<<<<

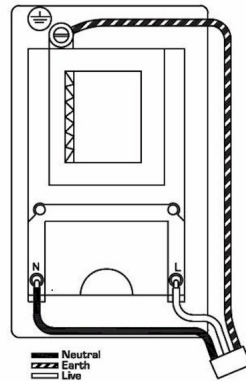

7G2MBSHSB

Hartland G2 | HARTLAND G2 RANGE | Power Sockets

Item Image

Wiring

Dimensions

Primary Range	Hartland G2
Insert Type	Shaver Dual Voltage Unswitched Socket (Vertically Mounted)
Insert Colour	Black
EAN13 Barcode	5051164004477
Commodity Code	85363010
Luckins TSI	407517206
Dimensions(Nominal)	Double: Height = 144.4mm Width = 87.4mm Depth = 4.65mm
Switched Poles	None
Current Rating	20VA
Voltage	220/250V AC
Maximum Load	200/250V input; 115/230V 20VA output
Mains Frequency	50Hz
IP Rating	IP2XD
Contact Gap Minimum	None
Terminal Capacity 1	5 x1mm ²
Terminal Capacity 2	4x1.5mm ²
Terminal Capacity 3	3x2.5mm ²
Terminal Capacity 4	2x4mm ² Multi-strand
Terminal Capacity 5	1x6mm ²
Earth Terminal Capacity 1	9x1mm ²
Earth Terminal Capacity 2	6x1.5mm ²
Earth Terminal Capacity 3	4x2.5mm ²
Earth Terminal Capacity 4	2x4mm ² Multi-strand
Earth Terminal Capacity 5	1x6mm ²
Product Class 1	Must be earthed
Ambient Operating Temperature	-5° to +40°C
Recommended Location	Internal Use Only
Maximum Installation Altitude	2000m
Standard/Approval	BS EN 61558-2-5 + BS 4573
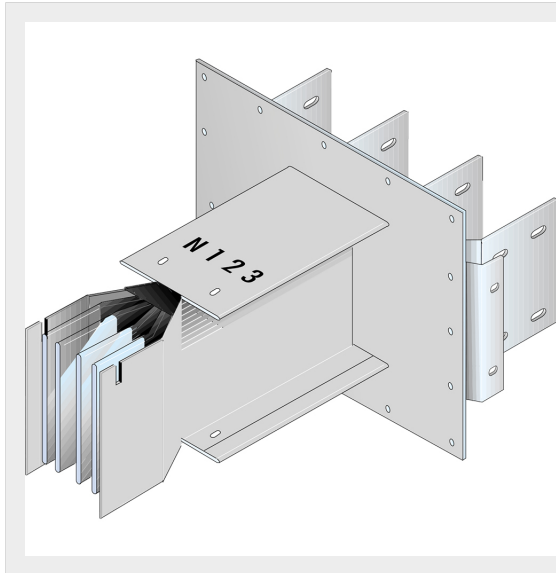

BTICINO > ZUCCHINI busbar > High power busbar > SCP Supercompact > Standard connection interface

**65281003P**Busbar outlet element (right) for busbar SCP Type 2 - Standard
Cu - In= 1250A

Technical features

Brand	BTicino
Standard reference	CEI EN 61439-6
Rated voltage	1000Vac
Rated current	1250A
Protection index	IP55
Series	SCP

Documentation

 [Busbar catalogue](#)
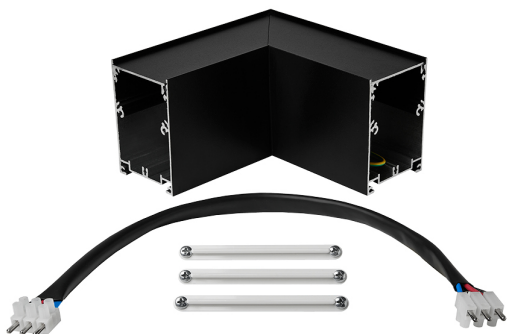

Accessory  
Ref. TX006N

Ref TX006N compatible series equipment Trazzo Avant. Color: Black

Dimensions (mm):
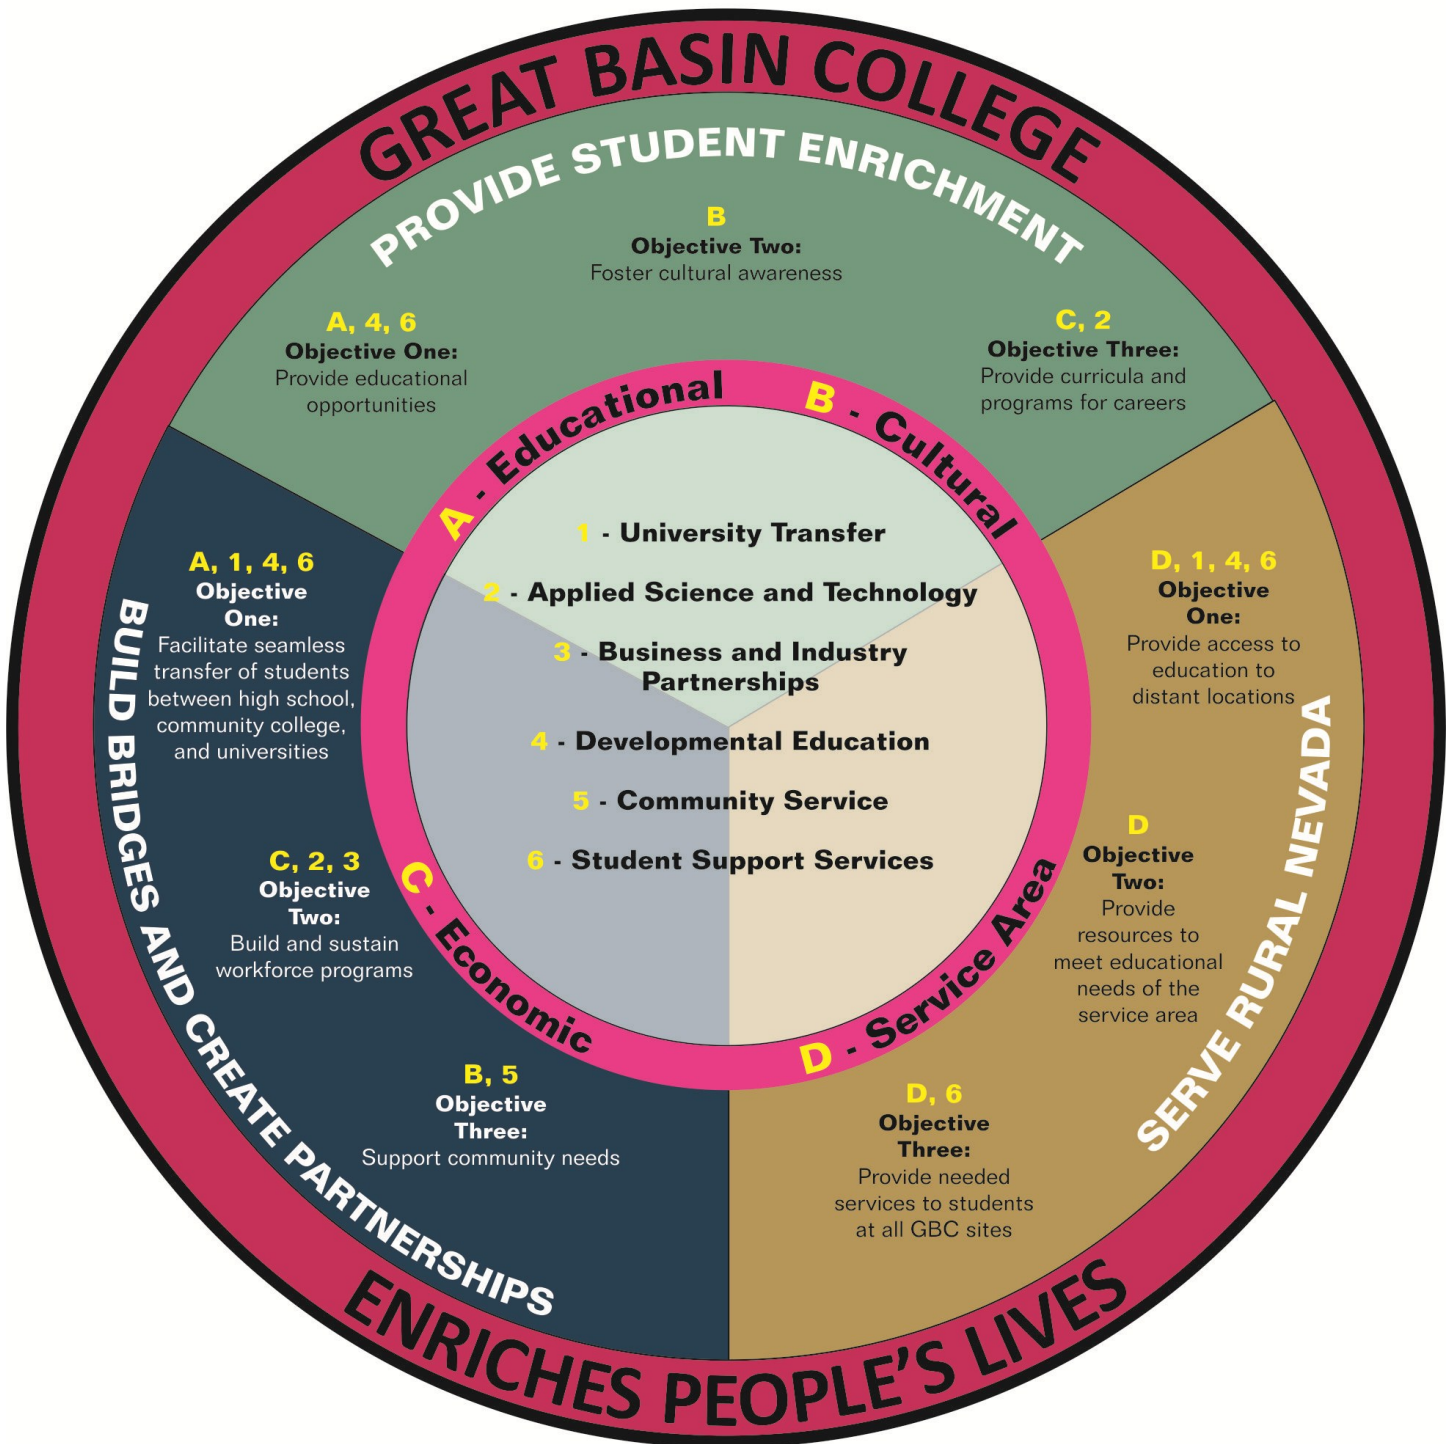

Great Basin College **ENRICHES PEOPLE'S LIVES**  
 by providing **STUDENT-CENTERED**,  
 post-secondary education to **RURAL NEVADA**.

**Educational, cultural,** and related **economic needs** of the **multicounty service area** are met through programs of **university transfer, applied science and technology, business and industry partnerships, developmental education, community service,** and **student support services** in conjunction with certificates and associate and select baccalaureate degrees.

>>>>
<<<<

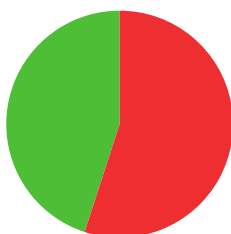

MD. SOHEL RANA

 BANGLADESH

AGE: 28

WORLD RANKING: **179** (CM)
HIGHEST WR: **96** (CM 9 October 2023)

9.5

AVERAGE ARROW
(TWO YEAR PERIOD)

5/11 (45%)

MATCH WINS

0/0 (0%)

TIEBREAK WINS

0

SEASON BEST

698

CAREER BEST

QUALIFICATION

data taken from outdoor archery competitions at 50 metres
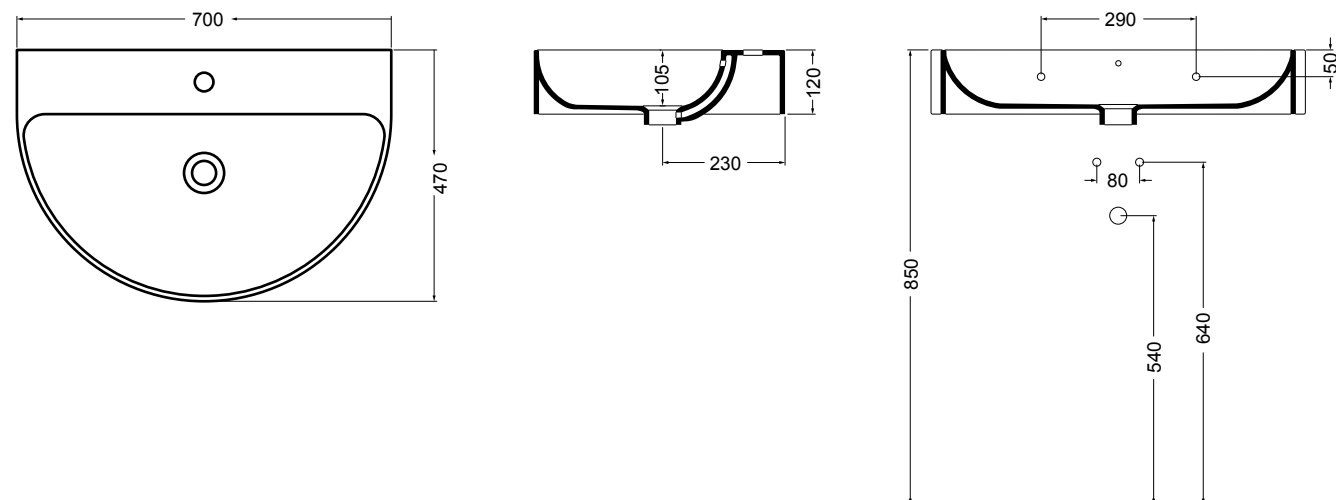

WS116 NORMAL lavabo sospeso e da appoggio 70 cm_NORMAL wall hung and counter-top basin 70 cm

>>>>

Directions for this task. Wherever the word "Dimensions" turns up in a line of the entries above, copy that line.

Exercise output.
Dimensions
Dimensions(Nominal)	Double: Height = 144.4mm Width = 87.4mm Depth = 4.65mm
Dimensions (mm):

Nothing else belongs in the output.